Goals, Metrics and Data

Goals, Metrics and Data

Data allows for more effective decision making, but data is only as useful as your ability to use it. Metrics allow you to step back from your ideas and time and ensure you are meeting the needs of users. Analytics focused on users' behaviour can be a good source for explaining why you made a decision.

Metrics are often not useful on their own. All metrics need to be situated in context and focused around outcomes (e.g. the number of users to the site isn’t useful, but if you know the size of your potential audience, then knowing how many people you are reaching vs. could be reaching is helpful.)

Try to stay away from vanity metrics. These are numbers that don’t tell you anything in isolation. (e.g. number of page views). They tell you nice/bad stuff but not what to do next or why it is happening.

Mix methods approach to evaluation can often help to fill in the gaps in your knowledge.

Example methods:

  • Social media analytics: are not transparent analytics. They are biased towards marketing and they don’t show all data. This is problematic for social media analysis on what people are talking about e.g. the sample isn’t random and the data is biased on who is talking about X topic. Therefore it isn’t helpful and you can’t talk about significance.

  • A/B testing: different content and/or layouts to see which are preferred by users.
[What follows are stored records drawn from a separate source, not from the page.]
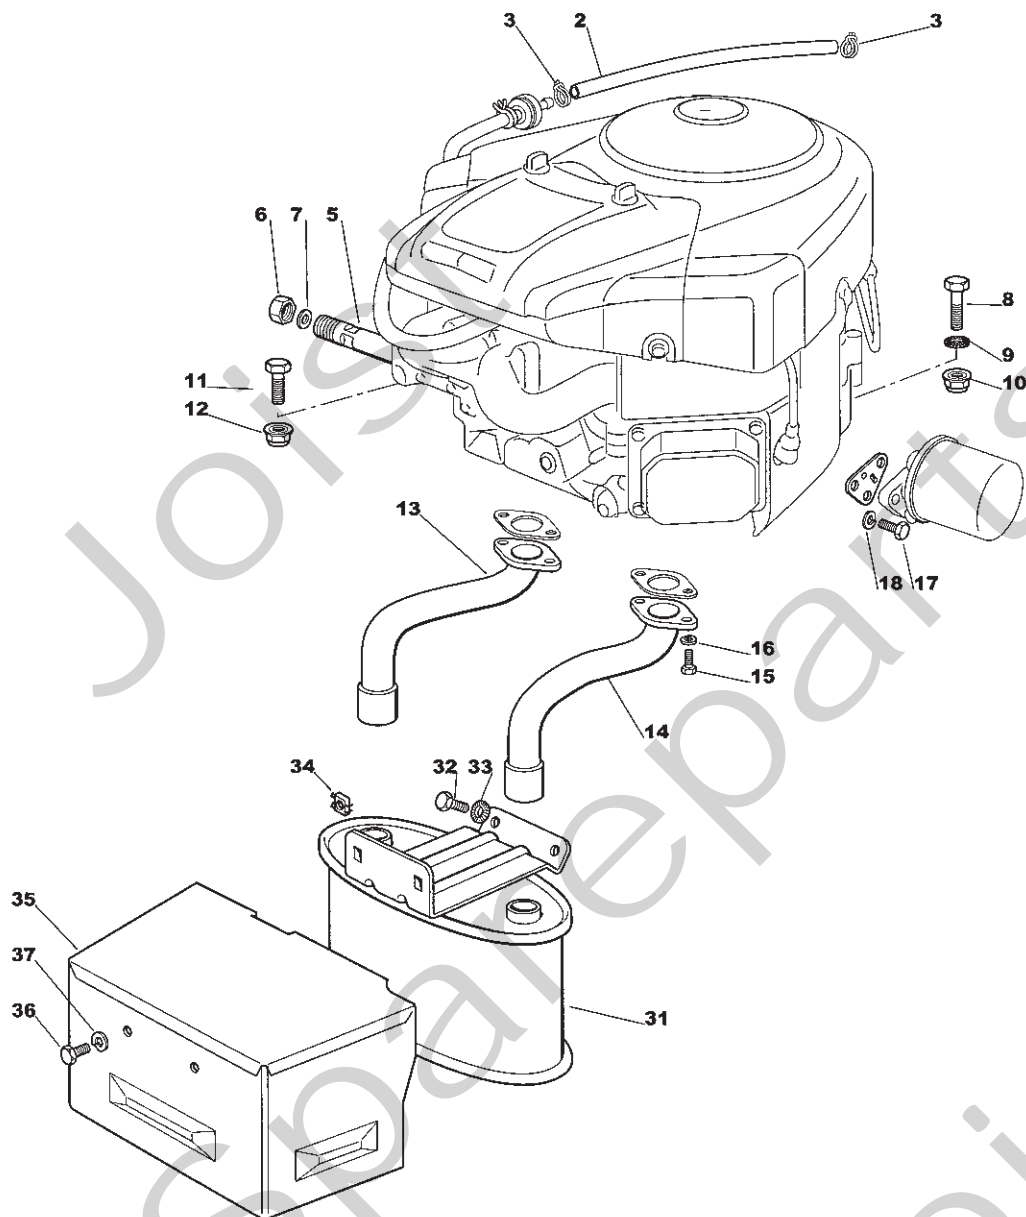

Utgåva Issue 2005- 13	Bildnr Picture No 1450B	ESTATE PRO 22 MOTOR (B&S 407777)	ESTATE PRO 22 ENGINE (B&S 407777)	Sida Page 176

Pos. Fig.	Antal/Quantity				Art nr Part No	Benämning	Description	Sats Kit	Anmärkning Notes
	2535 -45								
2	1				1136-0354-01	Bränsleslang	Fuel hose		
3	2				1136-0045-01	Slangklämma	Hose clamp		
5	1				1136-0273-01	Oljeavtappningsrör	Oil drain tube		
6	1				1136-0066-01	Oljeavtappningsplugg	Oil drain plug		
7	1				1136-0054-01	Tätningring	Oil seal		
8	1				9997-0840-16	Skruv	Screw		
9	1				9677-0009-02	Låsbricka	Lock washer		L = 40 mm
10	1				9739-0831-22	Mutter	Nut		
11	3				9997-0835-12	Skruv	Screw		L = 35 mm
12	3				9739-0831-22	Mutter	Nut		
13	1				1136-0843-01	Avgasrör- hö	Exhaust pipe- RH		
14	1				1136-0844-01	Avgasrör- vä	Exhaust pipe- LH		
15	4				9988-3619-16	Skruv	Screw		
16	4				9683-0030-02	Låsbricka	Lock washer		
17	3				9997-0620-16	Skruv	Screw		
18	3				9683-0025-02	Låsbricka	Lock washer		
31	1				1136-1053-01	Ljuddämpare	Muffler		
32	2				9997-0820-16	Skruv	Screw		
33	2				9677-0009-02	Låsbricka	Lock washer		
34	2				1136-0004-01	Fyrkantmutter	Square nut		
35	1				1136-1047-01	Skydd	Guard		
36	2				9997-0816-16	Skruv	Screw		
37	2				9683-0030-02	Låsbricka	Lock washer

  • Digital ethnography: watch what people are doing online

  • Eye tracking: not that helpful. People usually read from the left.

  • Usability testing: remotely using a shared screen or recording users interacting.

  • Usability Heuristic review article: Jakob Nielsen's 10 general principles for interaction design. They are called "heuristics" because they are broad rules of thumb and not specific usability guidelines.